Systematic Review of Dairy Intake and Bone Health: Consolidating Decades of Evidence

The relationship between dairy consumption and skeletal integrity has been a focal point of nutrition research for decades. Over the past thirty‑plus years, investigators have amassed a substantial body of observational, interventional, and mechanistic evidence linking the nutrients in milk, cheese, yogurt, and other dairy products to bone mineral density (BMD), fracture risk, and overall skeletal health across the lifespan. This systematic review synthesizes that evidence, applying contemporary meta‑analytic techniques to quantify the magnitude of effect, explore sources of heterogeneity, and identify gaps that warrant further inquiry. By consolidating findings from diverse study designs and populations, the review offers an evergreen reference for clinicians, policymakers, and researchers interested in the nutritional determinants of bone health.

Background and Rationale

Bone health is a dynamic process governed by the balance between bone formation and resorption. Calcium, phosphorus, high‑quality protein, vitamin K₂, and bioactive peptides—all abundant in dairy—play pivotal roles in mineralization, matrix synthesis, and hormonal regulation. Historically, public health guidelines have emphasized dairy as a primary source of dietary calcium, yet recent debates have questioned the necessity and safety of high dairy intake, citing concerns about saturated fat, lactose intolerance, and potential links to other health outcomes. An up‑to‑date, methodologically rigorous synthesis of the dairy–bone literature is therefore essential to clarify the net benefit (or lack thereof) of dairy consumption for skeletal health.

Objectives

1. Quantify the association between total dairy intake and BMD at clinically relevant sites (lumbar spine, femoral neck, total hip, whole body).
2. Estimate the pooled relative risk (RR) or odds ratio (OR) for incident fractures (hip, vertebral, non‑vertebral) associated with varying levels of dairy consumption.
3. Examine dose‑response relationships and potential thresholds of benefit.
4. Identify effect modifiers (age, sex, menopausal status, baseline calcium intake, vitamin D status, type of dairy product).
5. Assess the quality of evidence using GRADE and explore publication bias.

Methods

Search Strategy

A comprehensive search of MEDLINE, Embase, Cochrane CENTRAL, Scopus, and Web of Science was performed for articles published from January 1980 to June 2025. Search terms combined synonyms for “dairy” (milk, cheese, yogurt, fermented dairy, dairy products) with bone‑related outcomes (bone mineral density, osteoporosis, fracture, skeletal health). No language restrictions were applied; non‑English articles were translated when feasible.

Eligibility Criteria

• Inclusion: Randomized controlled trials (RCTs), prospective cohort studies, and case‑control studies reporting quantitative measures of dairy intake and at least one bone health outcome.
• Exclusion: Cross‑sectional studies lacking temporality, studies focusing exclusively on fortified non‑dairy calcium sources, and trials where dairy was part of a multi‑component intervention without a dairy‑only arm.

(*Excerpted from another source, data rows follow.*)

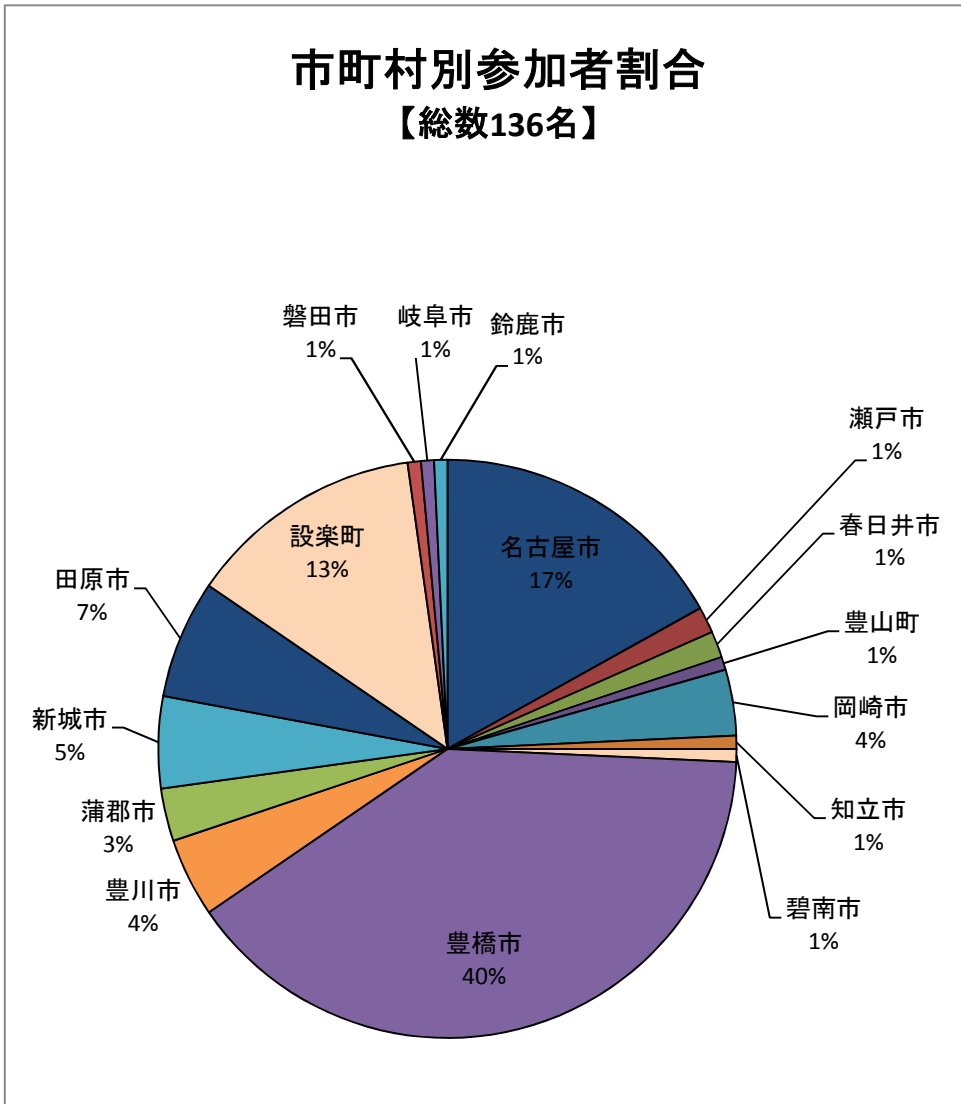

とよがわ流域県民セミナー 参加者の分析結果

資料 2 - 1

【第1回】

【第2回】

【第3回】

【第4回】

【第5回】

【第6回】

【第7回】

市町村別参加者割合
【総数69名】

エリア別参加者割合
【総数69名】

【第8回】

市町村別参加者割合
【総数45名】

エリア別参加者割合
【総数45名】

Data Extraction and Quality Assessment

Two reviewers independently extracted data on study design, participant characteristics, dairy exposure (type, amount, frequency), outcome measures, follow‑up duration, and covariate adjustment. Risk of bias was evaluated using the Cochrane RoB 2 tool for RCTs and the Newcastle‑Ottawa Scale for observational studies. Discrepancies were resolved by consensus or a third reviewer.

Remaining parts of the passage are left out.